"""
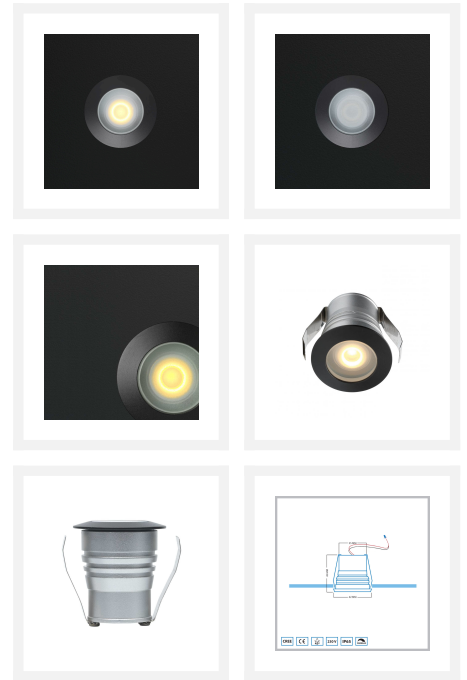

Cree LED Einbaustrahler Veranda Burgos Schwarz los | Warm Weiß | 3 Watt

Produktbilder

Kurze Beschreibung

Mit diesem losen Strahler aus der Burgos-Serie können Sie sich Ihr eigenes Veranda-Set zusammenstellen. Dieser Strahler kann auch als Ergänzung zu Ihrem aktuellen Burgos-Verandaset dienen.

Beschreibung

Möchten Sie Ihr aktuelles Burgos-Verandaset von Hamulight erweitern? Dann ist dies der richtige Strahler für Sie. Prüfen Sie einfach, ob Sie das Set überhaupt erweitern können. Sie können dies anhand des Verteilers (der am Transformator befestigt ist) feststellen. Gibt es freie Stellen? Dann ist es möglich, die freien Anschlüsse mit Strahlern zu füllen.

Hinweis: Befindet sich eine Brücke im Verteiler, wird diese auch als freien Steckplatz gesehen und kann durch einen separaten Strahler ersetzt werden.

Möchten Sie Ihr eigenes Set mit diesem Strahler zusammenstellen? Wählen Sie dann die Anzahl der Spots aus und legen Sie den passenden Transformator und den Empfänger (falls erforderlich) in Ihren Warenkorb. Sie wissen nicht, welchen Transformator und/oder Empfänger Sie benötigen? Nehmen Sie Kontakt mit uns auf und wir werden Sie beraten.

Zusätzliche Information

Artikelnummer	L2334
EAN Code	7435124558527
Marke	Hamulight
LED Chip	Cree
Farbe Strahler	Schwarz
Geeignet für	Innen & Außenbeleuchtung
Verbrauch	3 Watt
Eingangsspannung	700mA
Lichtfarbe	Warm Weiß (2700K)
Lumen pro LED (einschließlich Linse)	150 lm
Farbwiedergabe (CRI)	>82
Strahlungswinkel	45 Grad
Dimmbar	Ja
Kippbar	Nein
Verkabelung per LED	500 Cm
Transformator notwendig?	Ja
Durchmesser	42 mm
Höhe	45 mm
Einbaumaß	35 mm
Material	Aluminium Schwarz
IP Wert	IP65
Kennzeichnung	CE, Rohs
Garantie	3 Jahr
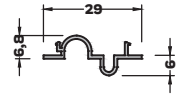

TB-3027 (0,150 kg/mt)
DAR "S" KAPAK PROFİLİ
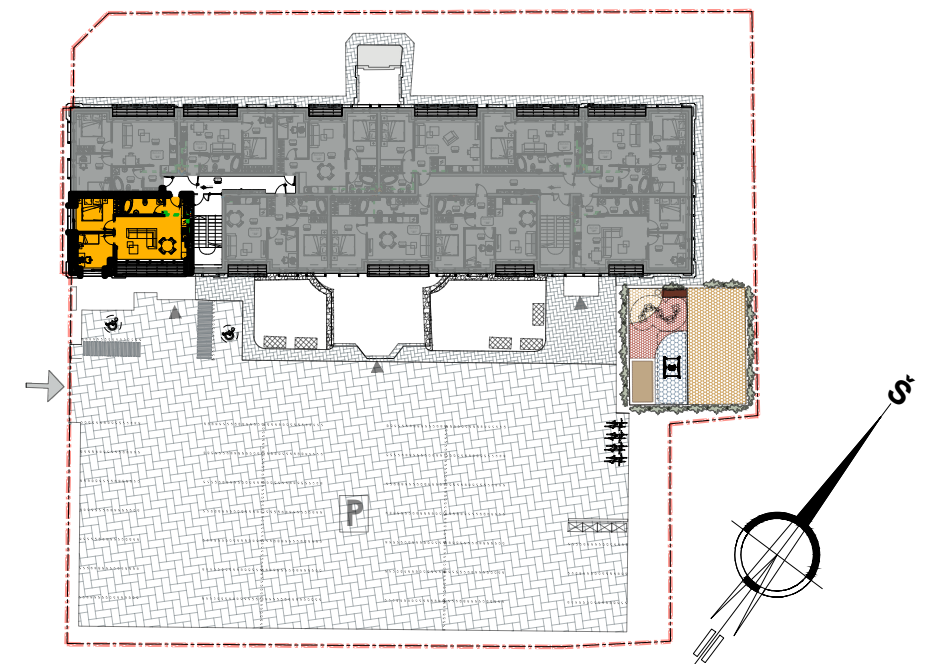

**PATALPŲ EKSPLIKACIJA:**

Eil. Nr.	Pavadinimas	Plotas, m <sup>2</sup>	
301	Holas .....	2.71	BUTAS "22"
302	Svetainė su virtuve .....	21.52	
303	Kambarys .....	8.50	
304	Miegamasis .....	9.57	
305	Vonia .....	4.95	
<b>VISO (BUTAS "22"):</b>		<b>47.25</b>	

**BUTO SITUACIJA SKLYPO ATŽVILGIU**

3a.

Butas "22"
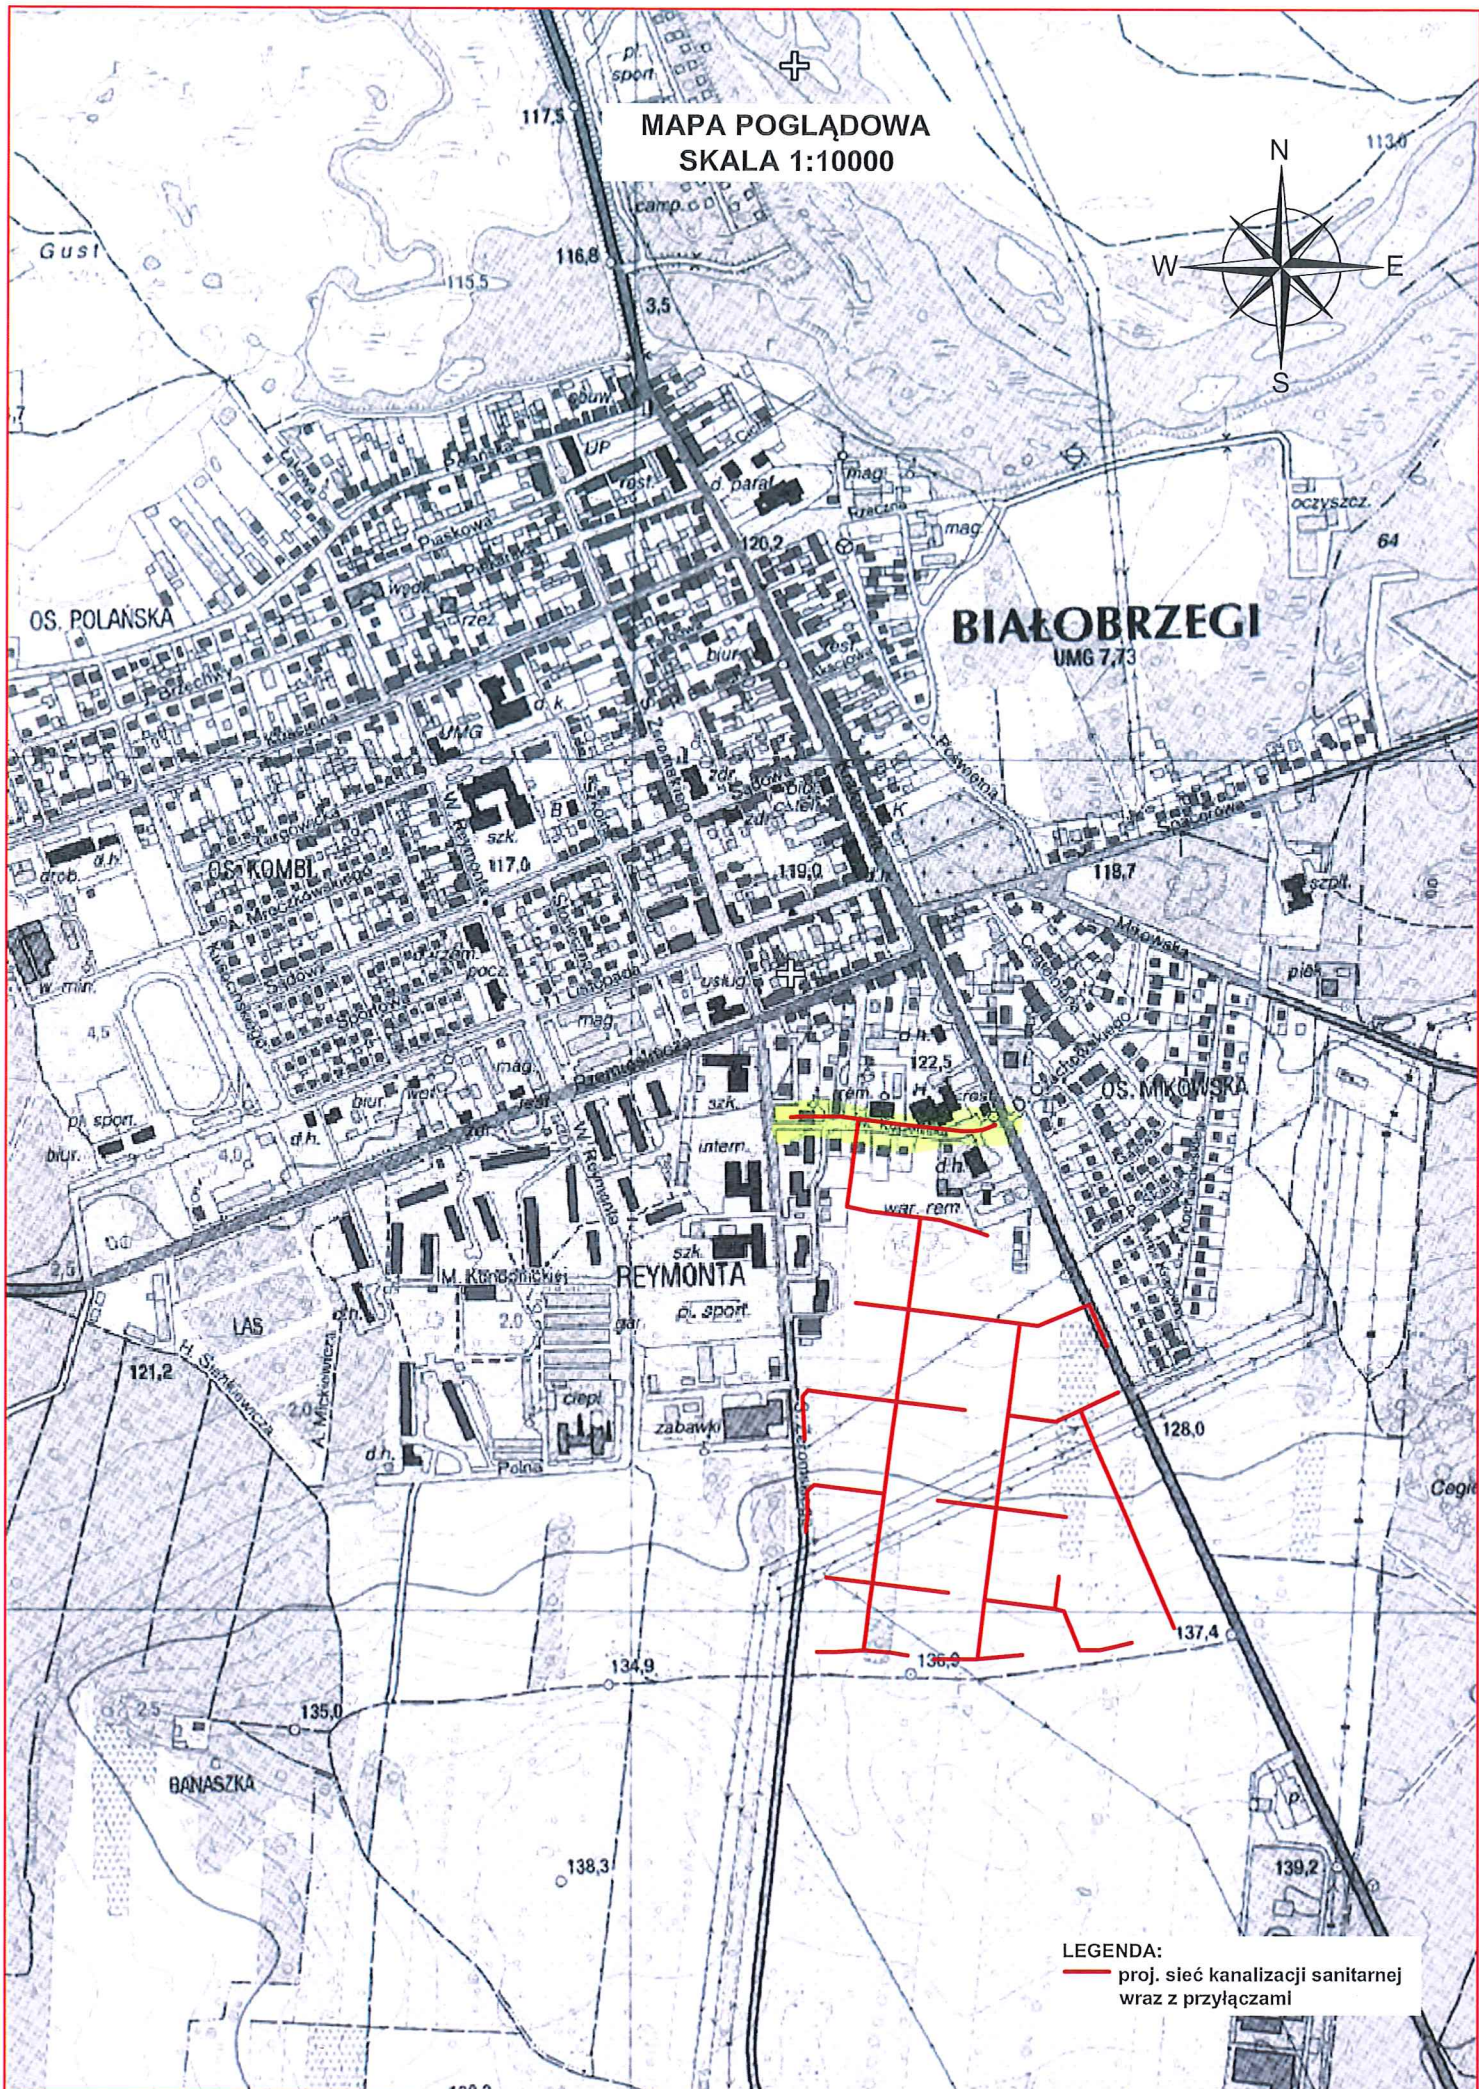

MAPA POGLĄDOWA
SKALA 1:10000

LEGENDA:
— proj. sieć kanalizacji sanitarnej
wraz z przyłączami
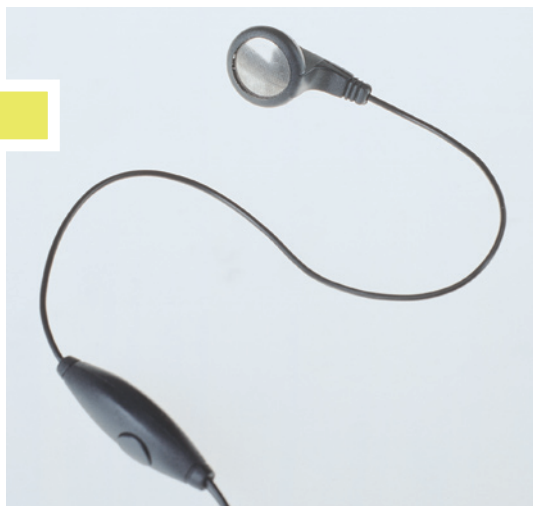

[PRODUKTBLAD]

Produkt: Tillbehör till Ascom d41 och d62
Hölster, headset och laddningsfunktioner
för alla tänkbara arbetssituationer

TILLBEHÖR TILL ASCOM d41 OCH d62

Tillbehören för Ascom d41 och d62 är utformade för att möta kraven från olika arbetssituationer. De kommer att ge det där lilla extra till din handenhet för att skapa det kommunikationsverktyg du behöver. Du kan hitta tillbehör som förenklar ditt bärande av handeheten till olika headset för handsfree-användning.

Förenkla ditt bärande av handenheten

Ascom d41 och d62 levereras med ett fast monterat clips som standard, men kan även bäras i bälte med hjälp av en bältesklämma med "click on" fäste eller i en rem runt halsen. Du kan även välja vårt läderhölster med transparent front för extra skydd av din handenhet. För ytterligare säkerhet finns även en säkerhetslina, i två olika längder, som fästes i handenheten.

Headset

För smidig handsfree-funktion, komplettera med ett av våra headset med mikrofon på bom eller med inbyggd mikrofon på kabeln. Om handenheten används i bullrig miljö rekommenderar vi hörselkåpor som ansluts via adapter.
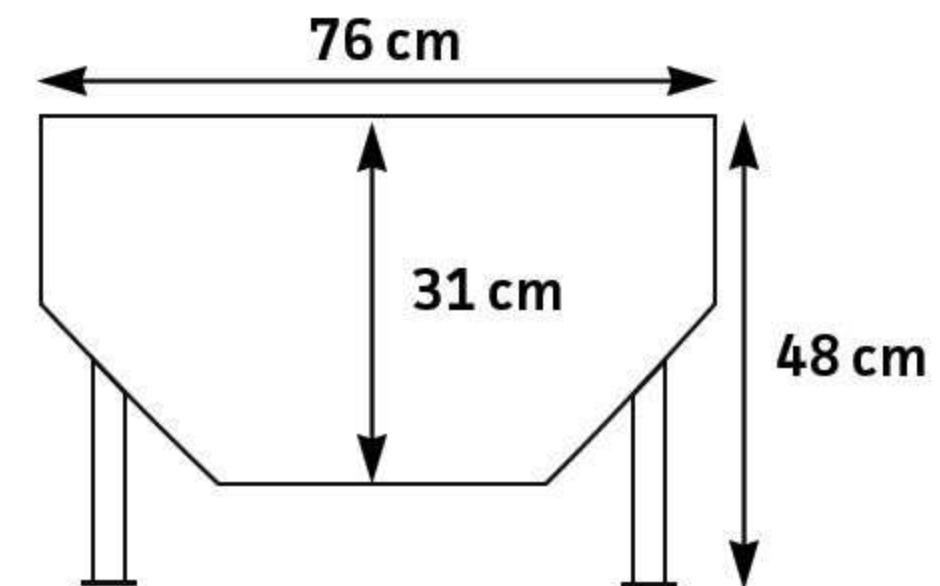

AUGE MONOCOQUE GALVA 4M

Largeur 0,76m.
Hauteur réglable.

En tôle galvanisée
de 20/10ème

Dispose d'entretoises de renfort
au dessus et en dehors ainsi que
d'un bouchon de vidange
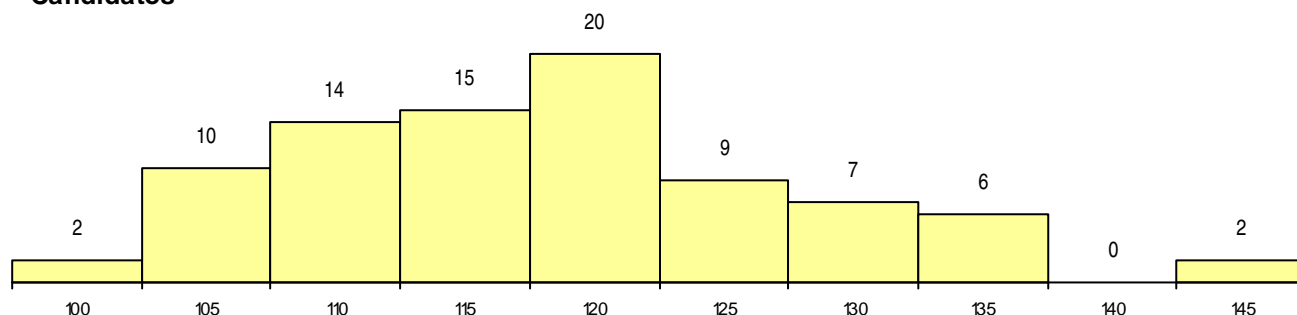

SEXO DOS CANDIDATOS

Sexo	Cands. %	Cols. %
Masc.	37 44	9 35
Femin.	48 56	17 65
Total	85	26

CURSO DO 12º ANO

(15 mais frequentes)

Curso 12º ano	Cands. %	Cols. %
C60 Ciências e Tecnologias	37 44	12 46
C61 Ciências Socioeconómicas	16 19	6 23
C62 Línguas e Humanidades	8 9	2 8
C81 Recorrente - Ciências Socioeconómi	7 8	1 4
C80 Recorrente - Ciências e Tecnologias	6 7	4 15
966 Cursos EFA, Formações Modulares,	3 4	1 4
P91 Técnico de Turismo	1 1	0 0
P51 Técnico de Gestão	1 1	0 0
P44 Técnico de Eletrónica, Automação e	1 1	0 0
P31 Técnico de Contabilidade	1 1	0 0
P14 Técnico de Multimédia	1 1	0 0
P11 Técnico Auxiliar de Saúde	1 1	0 0
C82 Recorrente - Línguas e Humanidade	1 1	0 0
608 Cursos Vocacionais (Todos os Curs	1 1	0 0

MÉDIAS dos Colocados

Nota de candidatura	117,3
Prova de ingresso	109,0
Média do 12º ano	121,7
Média do 10º/11º ano	121,7

DISTRIBUIÇÕES DE NOTAS DE CANDIDATURA

Candidatos

Colocados
"""
## Task directions
Retype the data above exactly. Do not carry over any images.

## Response below
Cree LED Einbaustrahler Veranda Burgos Schwarz los | Warm Weiß | 3 Watt

Produktbilder

Kurze Beschreibung

Mit diesem losen Strahler aus der Burgos-Serie können Sie sich Ihr eigenes Veranda-Set zusammenstellen. Dieser Strahler kann auch als Ergänzung zu Ihrem aktuellen Burgos-Verandaset dienen.

Beschreibung

Möchten Sie Ihr aktuelles Burgos-Verandaset von Hamulight erweitern? Dann ist dies der richtige Strahler für Sie. Prüfen Sie einfach, ob Sie das Set überhaupt erweitern können. Sie können dies anhand des Verteilers (der am Transformator befestigt ist) feststellen. Gibt es freie Stellen? Dann ist es möglich, die freien Anschlüsse mit Strahlern zu füllen.

Hinweis: Befindet sich eine Brücke im Verteiler, wird diese auch als freien Steckplatz gesehen und kann durch einen separaten Strahler ersetzt werden.

Möchten Sie Ihr eigenes Set mit diesem Strahler zusammenstellen? Wählen Sie dann die Anzahl der Spots aus und legen Sie den passenden Transformator und den Empfänger (falls erforderlich) in Ihren Warenkorb. Sie wissen nicht, welchen Transformator und/oder Empfänger Sie benötigen? Nehmen Sie Kontakt mit uns auf und wir werden Sie beraten.

Zusätzliche Information

Artikelnummer	L2334
EAN Code	7435124558527
Marke	Hamulight
LED Chip	Cree
Farbe Strahler	Schwarz
Geeignet für	Innen & Außenbeleuchtung
Verbrauch	3 Watt
Eingangsspannung	700mA
Lichtfarbe	Warm Weiß (2700K)
Lumen pro LED (einschließlich Linse)	150 lm
Farbwiedergabe (CRI)	>82
Strahlungswinkel	45 Grad
Dimmbar	Ja
Kippbar	Nein
Verkabelung per LED	500 Cm
Transformator notwendig?	Ja
Durchmesser	42 mm
Höhe	45 mm
Einbaumaß	35 mm
Material	Aluminium Schwarz
IP Wert	IP65
Kennzeichnung	CE, Rohs
Garantie	3 Jahr

TB-3027 (0,150 kg/mt)
DAR "S" KAPAK PROFİLİ

**PATALPŲ EKSPLIKACIJA:**

Eil. Nr.	Pavadinimas	Plotas, m <sup>2</sup>	
301	Holas .....	2.71	BUTAS "22"
302	Svetainė su virtuve .....	21.52	
303	Kambarys .....	8.50	
304	Miegamasis .....	9.57	
305	Vonia .....	4.95	
<b>VISO (BUTAS "22"):</b>		<b>47.25</b>	

**BUTO SITUACIJA SKLYPO ATŽVILGIU**

3a.

Butas "22"

MAPA POGLĄDOWA
SKALA 1:10000

LEGENDA:
— proj. sieć kanalizacji sanitarnej
wraz z przyłączami

[PRODUKTBLAD]

Produkt: Tillbehör till Ascom d41 och d62
Hölster, headset och laddningsfunktioner
för alla tänkbara arbetssituationer

TILLBEHÖR TILL ASCOM d41 OCH d62

Tillbehören för Ascom d41 och d62 är utformade för att möta kraven från olika arbetssituationer. De kommer att ge det där lilla extra till din handenhet för att skapa det kommunikationsverktyg du behöver. Du kan hitta tillbehör som förenklar ditt bärande av handeheten till olika headset för handsfree-användning.

Förenkla ditt bärande av handenheten

Ascom d41 och d62 levereras med ett fast monterat clips som standard, men kan även bäras i bälte med hjälp av en bältesklämma med "click on" fäste eller i en rem runt halsen. Du kan även välja vårt läderhölster med transparent front för extra skydd av din handenhet. För ytterligare säkerhet finns även en säkerhetslina, i två olika längder, som fästes i handenheten.

Headset

För smidig handsfree-funktion, komplettera med ett av våra headset med mikrofon på bom eller med inbyggd mikrofon på kabeln. Om handenheten används i bullrig miljö rekommenderar vi hörselkåpor som ansluts via adapter.

AUGE MONOCOQUE GALVA 4M

Largeur 0,76m.
Hauteur réglable.

En tôle galvanisée
de 20/10ème

Dispose d'entretoises de renfort
au dessus et en dehors ainsi que
d'un bouchon de vidange

SEXO DOS CANDIDATOS

Sexo	Cands. %	Cols. %
Masc.	37 44	9 35
Femin.	48 56	17 65
Total	85	26

CURSO DO 12º ANO

(15 mais frequentes)

Curso 12º ano	Cands. %	Cols. %
C60 Ciências e Tecnologias	37 44	12 46
C61 Ciências Socioeconómicas	16 19	6 23
C62 Línguas e Humanidades	8 9	2 8
C81 Recorrente - Ciências Socioeconómi	7 8	1 4
C80 Recorrente - Ciências e Tecnologias	6 7	4 15
966 Cursos EFA, Formações Modulares,	3 4	1 4
P91 Técnico de Turismo	1 1	0 0
P51 Técnico de Gestão	1 1	0 0
P44 Técnico de Eletrónica, Automação e	1 1	0 0
P31 Técnico de Contabilidade	1 1	0 0
P14 Técnico de Multimédia	1 1	0 0
P11 Técnico Auxiliar de Saúde	1 1	0 0
C82 Recorrente - Línguas e Humanidade	1 1	0 0
608 Cursos Vocacionais (Todos os Curs	1 1	0 0

MÉDIAS dos Colocados

Nota de candidatura	117,3
Prova de ingresso	109,0
Média do 12º ano	121,7
Média do 10º/11º ano	121,7

DISTRIBUIÇÕES DE NOTAS DE CANDIDATURA

Candidatos

Colocados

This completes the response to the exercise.